[Recorded data]
####
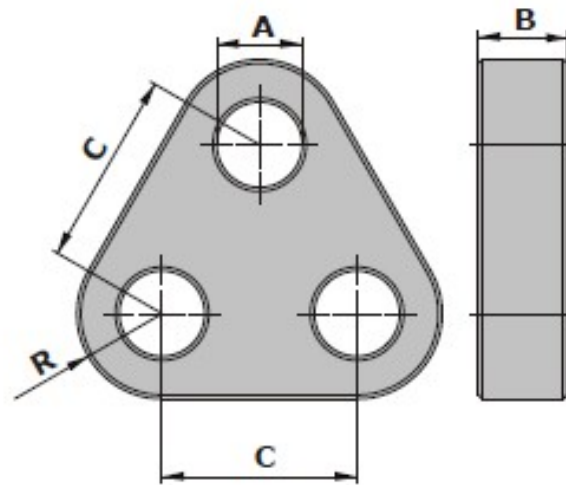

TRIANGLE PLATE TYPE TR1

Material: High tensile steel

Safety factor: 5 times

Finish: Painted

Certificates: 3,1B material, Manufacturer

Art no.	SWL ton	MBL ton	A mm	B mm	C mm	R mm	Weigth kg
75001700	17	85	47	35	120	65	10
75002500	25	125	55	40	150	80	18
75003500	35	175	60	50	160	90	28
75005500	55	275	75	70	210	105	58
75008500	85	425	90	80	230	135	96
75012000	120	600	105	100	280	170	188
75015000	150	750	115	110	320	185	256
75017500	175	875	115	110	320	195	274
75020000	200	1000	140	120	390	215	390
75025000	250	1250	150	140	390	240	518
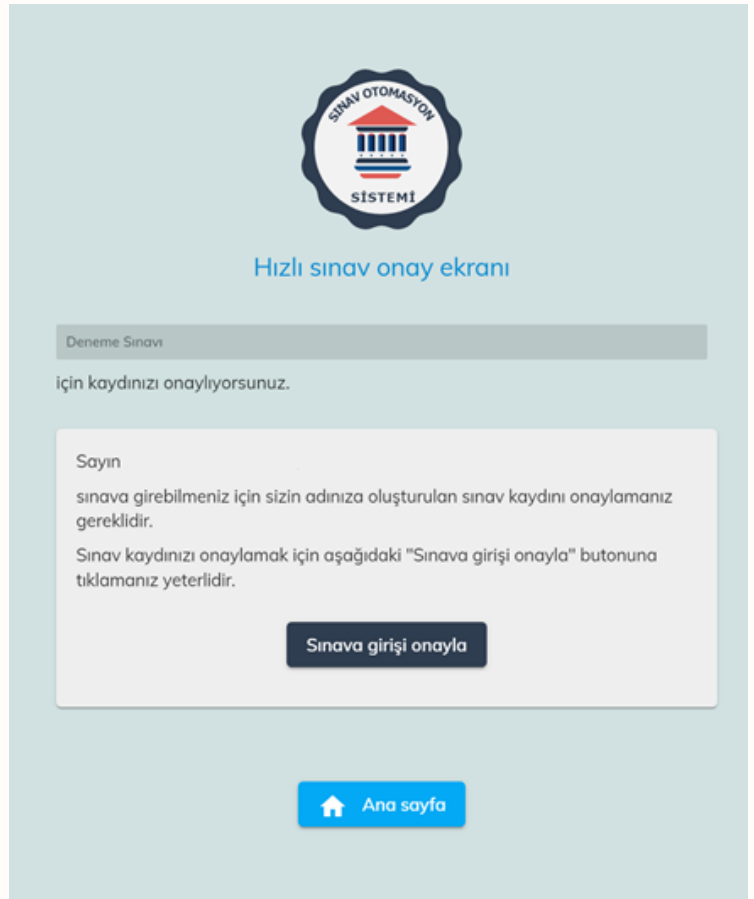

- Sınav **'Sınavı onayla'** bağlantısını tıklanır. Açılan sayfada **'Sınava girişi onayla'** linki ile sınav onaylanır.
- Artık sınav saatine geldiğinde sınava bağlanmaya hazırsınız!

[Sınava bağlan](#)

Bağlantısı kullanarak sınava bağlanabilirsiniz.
####
Please transcribe each line above exactly, but leave the images out.

▸ WRITTEN RESPONSE:
TRIANGLE PLATE TYPE TR1

Material: High tensile steel

Safety factor: 5 times

Finish: Painted

Certificates: 3,1B material, Manufacturer

Art no.	SWL ton	MBL ton	A mm	B mm	C mm	R mm	Weigth kg
75001700	17	85	47	35	120	65	10
75002500	25	125	55	40	150	80	18
75003500	35	175	60	50	160	90	28
75005500	55	275	75	70	210	105	58
75008500	85	425	90	80	230	135	96
75012000	120	600	105	100	280	170	188
75015000	150	750	115	110	320	185	256
75017500	175	875	115	110	320	195	274
75020000	200	1000	140	120	390	215	390
75025000	250	1250	150	140	390	240	518

- Sınav **'Sınavı onayla'** bağlantısını tıklanır. Açılan sayfada **'Sınava girişi onayla'** linki ile sınav onaylanır.
- Artık sınav saatine geldiğinde sınava bağlanmaya hazırsınız!

[Sınava bağlan](#)

Bağlantısı kullanarak sınava bağlanabilirsiniz.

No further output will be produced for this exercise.